Ей принесли пальто и шляпу. Шолмс сказал:

– Надо как-то объяснить господину Дестанжу наш отъезд и назвать причину, по которой вы можете отсутствовать несколько дней.

– В этом нет надобности. Я скоро вернусь.

Снова взгляды их встретились, оба смотрели, саркастически улыбаясь.

– Как вы в нем уверены! – заметил Шолмс.

– Слепо ему верю.

– Все, что он делает, хорошо, не так ли? Все, чего хочет, получается. И вы все одобряете, и сами готовы на все ради него.

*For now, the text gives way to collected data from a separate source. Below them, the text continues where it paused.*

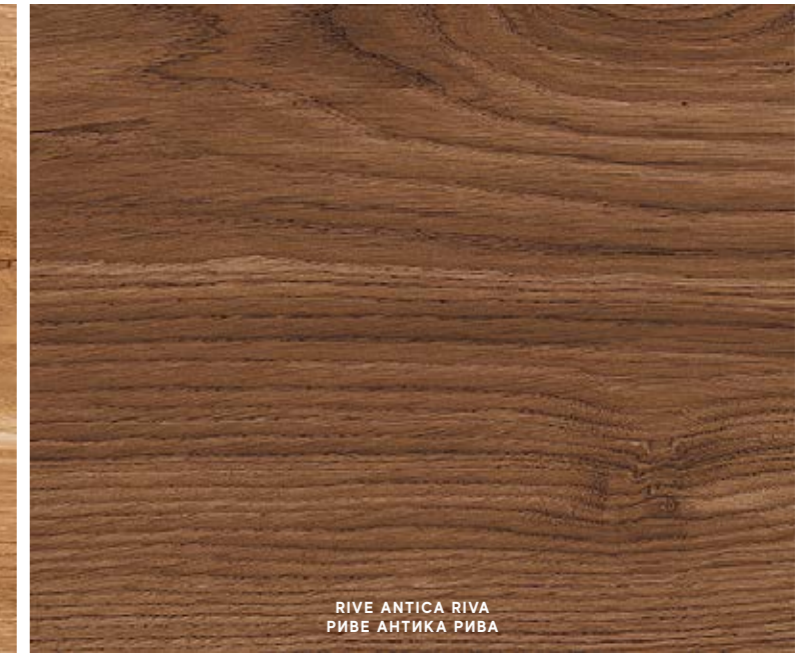

Rive | Риве

Coloured body porcelain tiles / Керамический гранит окрашенный в массе

MATTE SURFACE / МАТОВАЯ ПОВЕРХНОСТЬ

± 9 mm
20x160 cm

- Rive Dolce Riva / Риве Дольче Рива
- Rive Antica Riva / Риве Антика Рива
- Rive Acqua Riva / Риве Аква Рива
- Rive Bella Riva / Риве Белла Рива

± 9 mm
20x80 cm

- Rive Dolce Riva / Риве Дольче Рива
- Rive Antica Riva / Риве Антика Рива
- Rive Acqua Riva / Риве Аква Рива
- Rive Bella Riva / Риве Белла Рива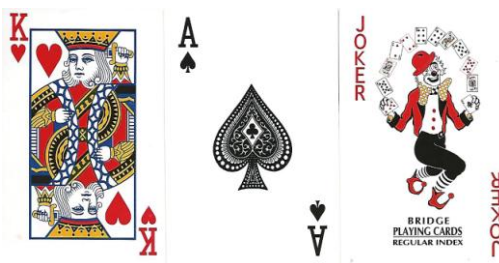

# Mazzo: WEST BROMWICH - ALBION

Tipo: Singolo  Doppio

Dorso:

**Semi:** *Le carte, di manifattura non identificata, sono nuove ma non sigillate, ed hanno i consueti semi francesi:*

**Contenitore:** *Le carte sono nella loro scatolina, in plastica trasparente con apertura a libro, che ha il fronte come dalla immagine qui sotto riprodotta (nella consueta riduzione di 35/100°):*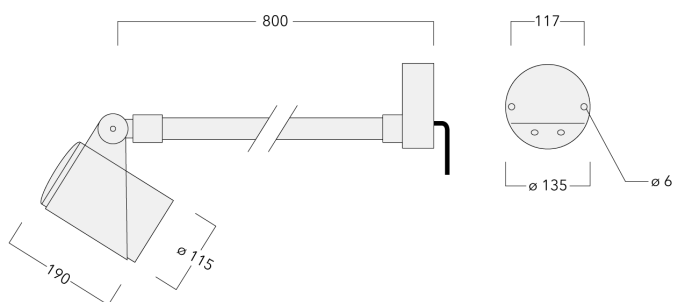

Spécifications

Description du matériel

Corps	Corps en fonte d'aluminium
Lentille	Verre de sécurité
Couleurs	RAL9004 Noir de sécurité RAL9007 Aluminium gris RAL7016 Gris anthracite RAL9016 Blanc signalisation
Joint	Joint silicone CCG®
Visserie	PCS Inox avec recouvrement polymère
IP	IP66
IK	IK08
Protection contre la corrosion	5CE

Description électrique

Driver	Corps en fonte d'aluminium,

Informations complémentaires

Durée de vie	Ta=25° L90B10 > 90000h
Classe d'efficacité énergétique	C-D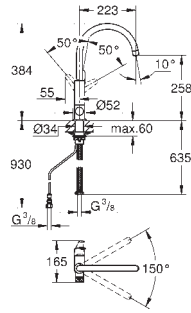

31 723 000

хром

370,00

GROHE Blue Pure BauCurve

Одноважільний змішувач для мийки із функцією очищення водопровідної води

монтаж на один отвір

C-вилив

окрема рукоятка для фільтрованої води

вентиль 1/2"

GROHE StarLight хромована поверхня

GROHE SilkMove 28 мм керамічний картридж

обертовий вилив

площина обертання 150°

окремі внутрішні водні шляхи для фільтрованої та нефільтрованої води

гнучкі з'єднувальні шланги

включає лише змішувач для мийки

можна поєднувати із комплектом для фільтру 40 438 001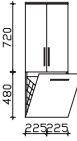

Midischrank
3 Drehtüren, 3 Glaseinlegeböden, inkl. Abdeckplatte

Bitte Türanschlag links (L), rechts (R) angeben!

Höhe	Breite	Tiefe	Bestell-Text	Anschlag	Korpusausführung	EEK	PG 1	PG 2	PG 3
1210	450	330	CS-MD 06	L/R	Basis X		-		
				L/R	Comfort N		-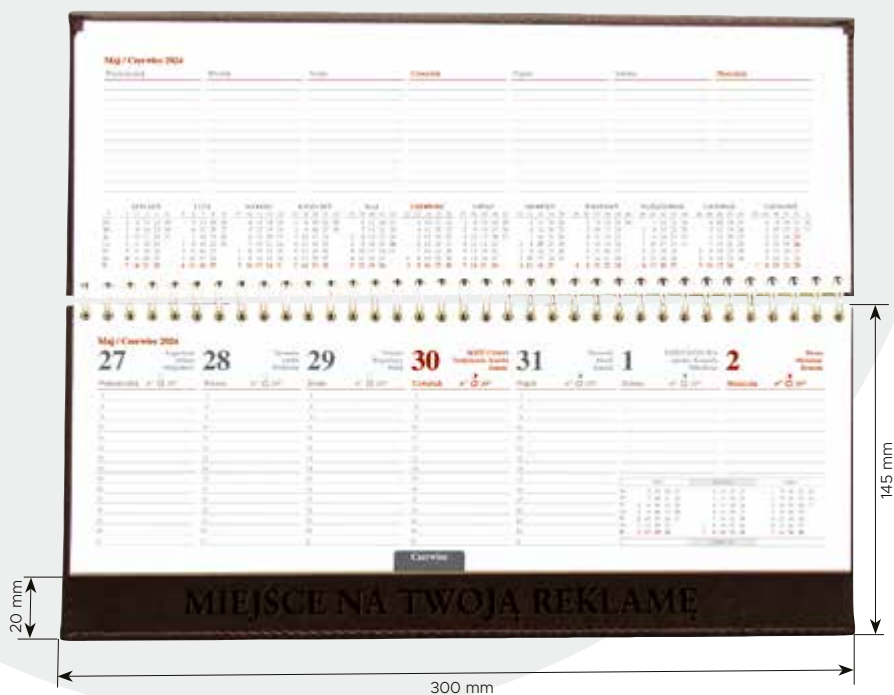

TERMINARZ LEŻĄCY W OPRAWIE VIVELLA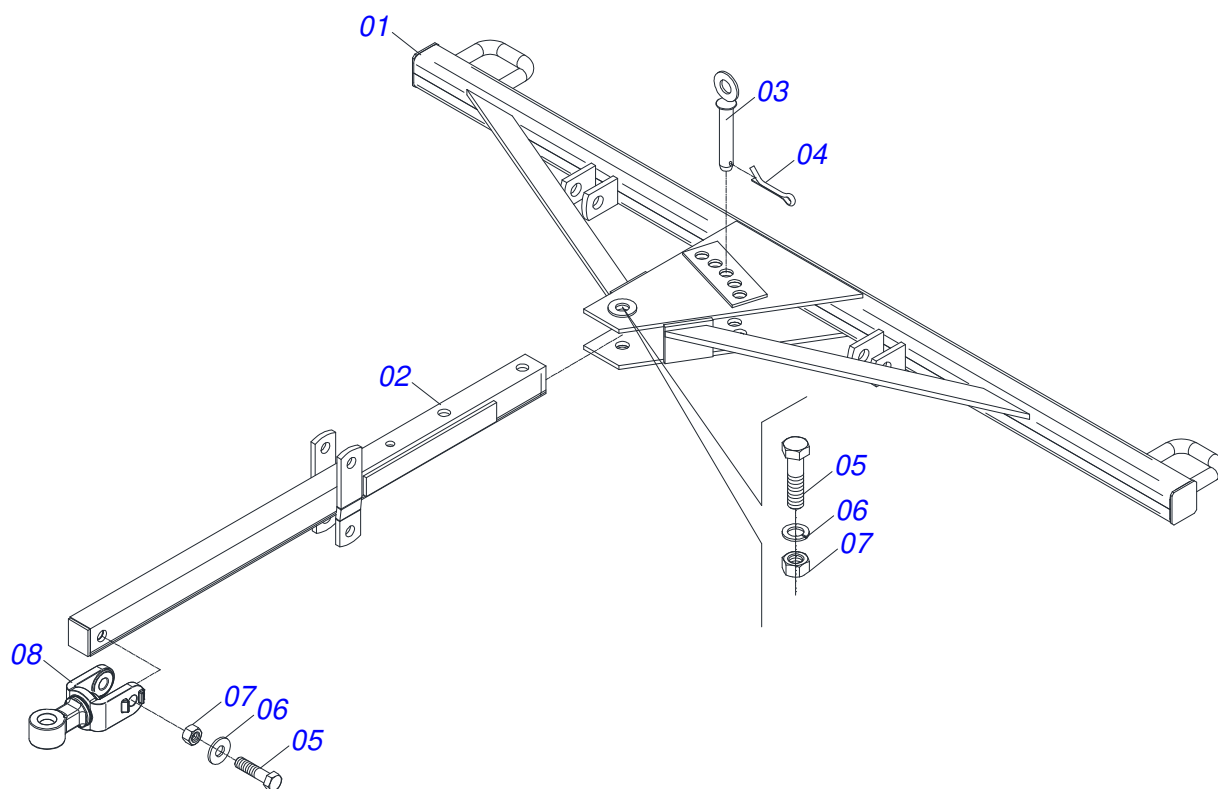

Artículo	Código	Descripción	Ver Pág.	QT
01	0501064763	BARRA ENGANCHE PARA TRANSPORTE		01
02	0501064878	BARRA TRACCION P/TRANSP		01
03	0501068993	EJE UNION 25,40 X 140		01
04	0503010523	PASADOR ABIERTO 1/4" X 2"		01
05	0501010372	TORNILLO 1" UNC X 5.1/2"		02
06	0503011438	ARANDELA PRESION		02
07	0501010059	TUERCA 1.5/8		02
08	0521062444	ENGANCHE TRACTOR		01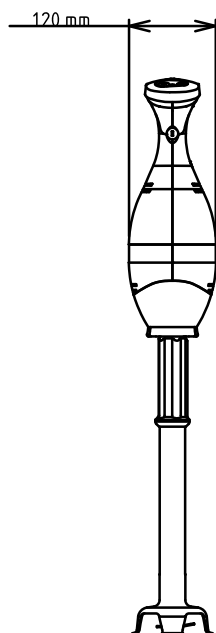

Příslušenství v ceně

- 1 x Nerezová tyč 453mm k ručnímu tyčovému mixeru. (pouze pro 600367) PNC 650133
- 1 x Nerezová tyč 553mm k ručnímu tyčovému mixeru (pro modely 450W, 550W, 650W, 750W). (pouze pro 600375) PNC 650134

Extra příslušenství

- Nerezová tyč 353mm k ručnímu tyčovému mixeru. PNC 650132
- Nerezová tyč 453mm k ručnímu tyčovému mixeru. PNC 650133

- Nerezová tyč 553mm k ručnímu tyčovému mixeru (pro modely 450W, 550W, 650W, 750W). PNC 650134
- Nastavitelný úchyt do nádob prům. 375-650mm (nutno objednat spolu s úchytem pro ruční mixer 653294). PNC 653292
- Úchyt pro ruční ponorný tyčový mixér (lze použít samostatně pro uchycení mixéru na straně nádoby nebo v kombinaci s nastavitelným úchytem do nádob 653292). Lze použít pouze pro mixér s tyčí. PNC 653294
- Šlehačí metla ZESÍLENÁ k ručnímu mixeru. PNC 653578

Zepředu

Boční

EI = Elektrické napojení

Shora

Elektro

Napětí:

600367 (BP5545)

220-240 V/1N ph/50/60 Hz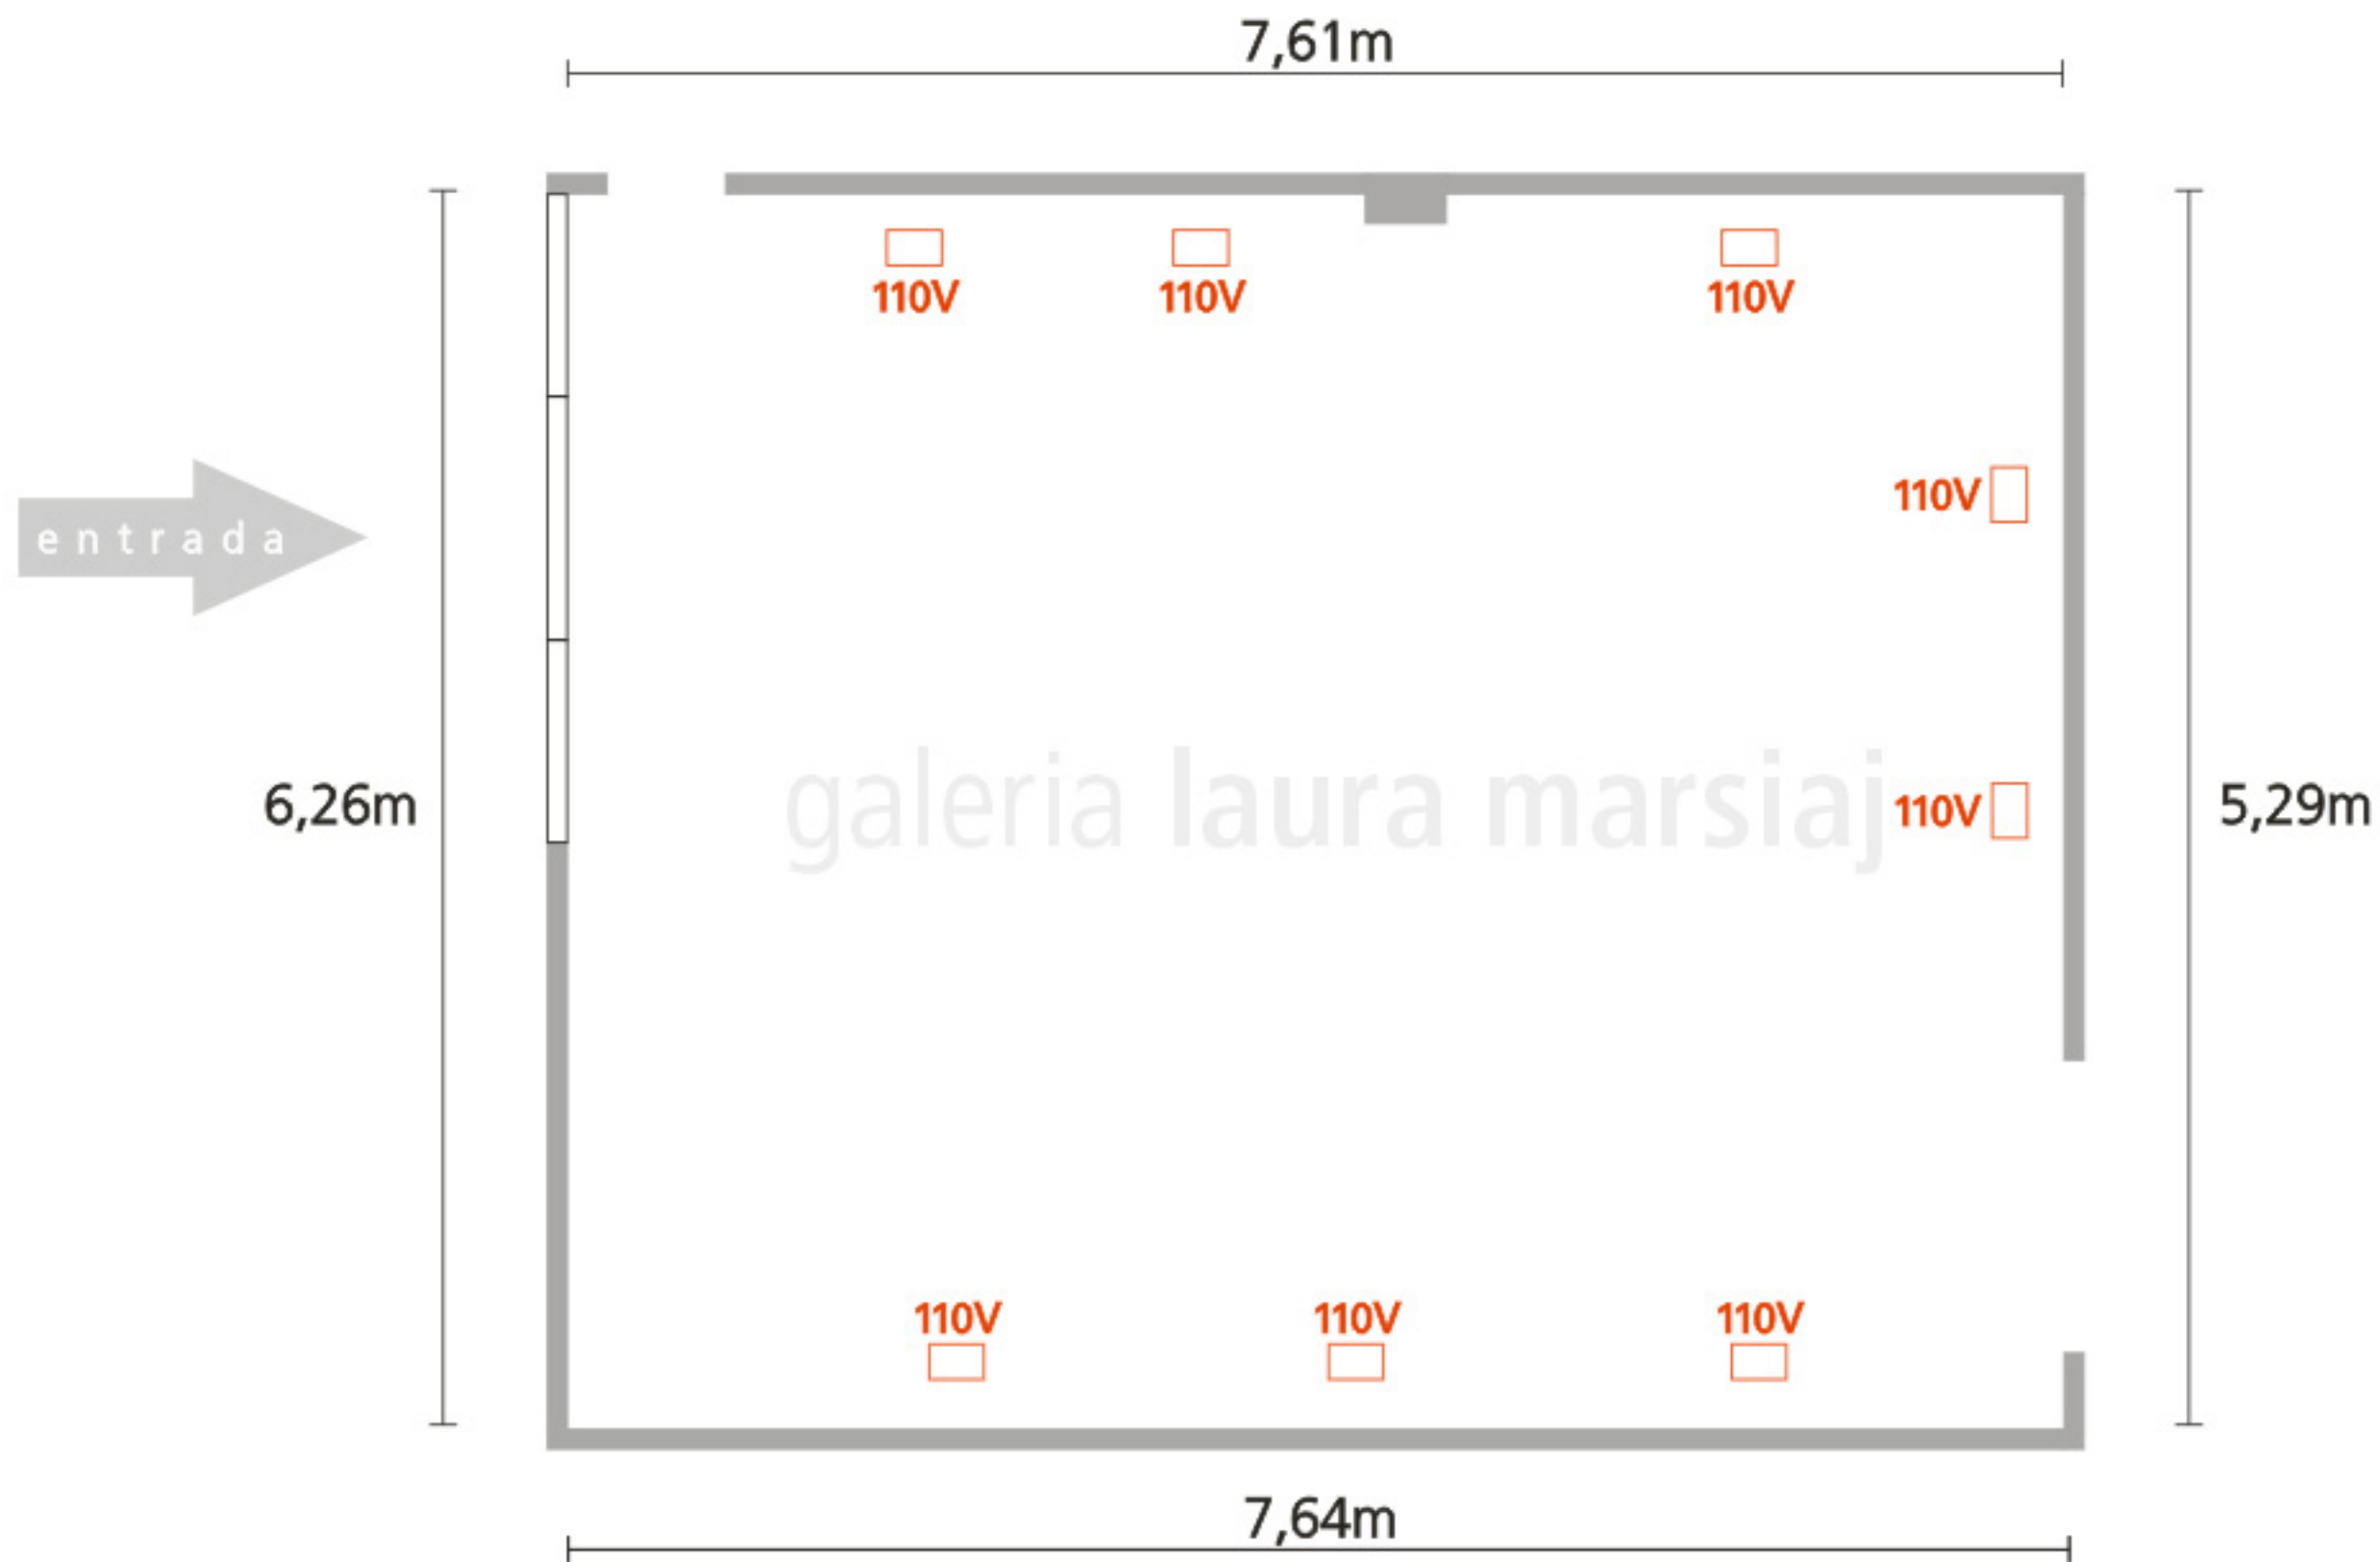

galeria laura marsiaj

obs: pé direito mede 3,62m

planta baixa **galeria**

planta baixa **anexo**

planta eléctrica **galeria**

planta eléctrica anexo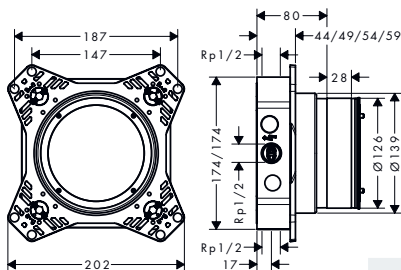

iBox universal 2 inbouwdeel

Kenmerken

- geschikt voor alle nieuwe douche, bad en thermostaat afbouwdelen voor inbouwmontage
- materiaal: niet-ontzinkt messing, EPP-schuim, warmte- en geluidsisolerend
- rotatiesymmetrische montage
- flexibele montagering voor verschillende montagesituaties
- montagering verstelbaar in stappen van 5 mm
- montagering geschikt voor voor- en achtermontage
- inkorten niet nodig dankzij schuifhuls
- Steunhulp voor de waterpas
- geïntegreerde waterpas voor correcte horizontale en verticale uitlijning
- afdichtingsfolie permanent vast
- stroomvoorziening: M16 mantelbuis
- minimale montagediepte: 80 mm
- maximale montagediepte: 108 mm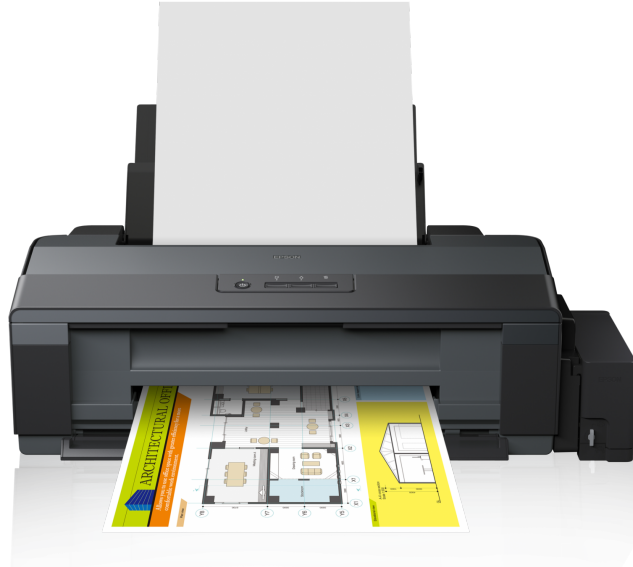

L1300 EcoTank

תכונות עיקריות

- **תמורה מלאה לכסף**
עלות נמוכה במיוחד לדף
- **שלוות נפש**
כולל אחריות של Epson
- **איכות Epson**
מיכל דיו למילוי מחדש
- **הדפסת A3+**
מדפסת ITS ארבע צבעים בגודל A3+ הראשונה של Epson
- **ידידותיות למשתמש**
ללא טרדות באמצעות הגדרה פשוטה

תיהנה מעלויות הדפסה נמוכות במיוחד, בגודל עד A3+, עבור כל סוגי המסמכים באמצעות מדפסת ארבע צבעים זו הכוללת מערכת מיכלי דיו.

ה-L1300 היא מדפסת ארבעה צבעים קומפקטית בגודל A3+ המיועדת למשתמשים שחשובה להם מאד עלות ההדפסה הנמוכה ביותר האפשרית. המדפסת, הבנויה במיוחד עם מערכת מיכלי דיו בקיבולת גבוהה, מספקת עד 7,100 דפים ללא צורך במילוי מחדש¹. כיוון שנדרשת התערבות מינימלית של המשתמש, ה-L1300 מספקת הדפסה חסכונית ונטולת טרדות של חומרי פרסום, שרטוטי CAD, גרפיקה ודוחות, ומושלמת עבור סביבות חינוך, משרדי חברות, וקמעונאים.

עלויות הדפסה נמוכות במיוחד

הודות למערכת משולבת של מיכלי דיו בקיבולת אולטרה גבוהה ה-L1300 אידיאלית לשימוש מאסיבי שבו ניתנת חשיבות מרובה להשגת העלות הנמוכה ביותר לדף. ה-L1300 אידיאלית למשרדים קטנים הצריכים להפיק דוחות ארוכים, חומרי פרסום או שרטוטי CAD, ומגיעה עם חמישה בקבוקי דיו בנפח של 70 מ"ל.

גדלת פרודוקטיביות

מערכת הדיו המשולבת של ה-L1300 מאפשרת הדפסה של עד 7,100 דפים בשחור ו-5,700 דפים בצבע, ללא צורך במילוי מחדש של הדיו¹. כאשר מגיע הזמן למילוי מחדש, אין צורך במהומה ולכלוך; באמצעות טכנולוגיה למילוי מהיר, תיוג ברור ופיה המונעת טפטוף, מילוי מחדש ב-L1300 הוא הליך פשוט, מהיר ונקי.

– Я люблю его, – задрожав, сказала она.

– И думаете, он вас спасет?

Пожав плечами, она направилась к отцу.

– Забираю у тебя господина Стикмана. Мы поедем в Национальную библиотеку.

– Вернешься к обеду?

– Может быть… хотя, скорее всего, нет. Не беспокойся.

И твердо заявила Шолмсу:

– Иду, месье.

– Без задних мыслей?

– С закрытыми глазами.

– Если попытаетесь улизнуть, я позову на помощь, закричу, вас схватят и посадят в тюрьму. Не забывайте, есть ордер на арест Белокурой дамы.

– Клянусь честью, что не попытаюсь улизнуть.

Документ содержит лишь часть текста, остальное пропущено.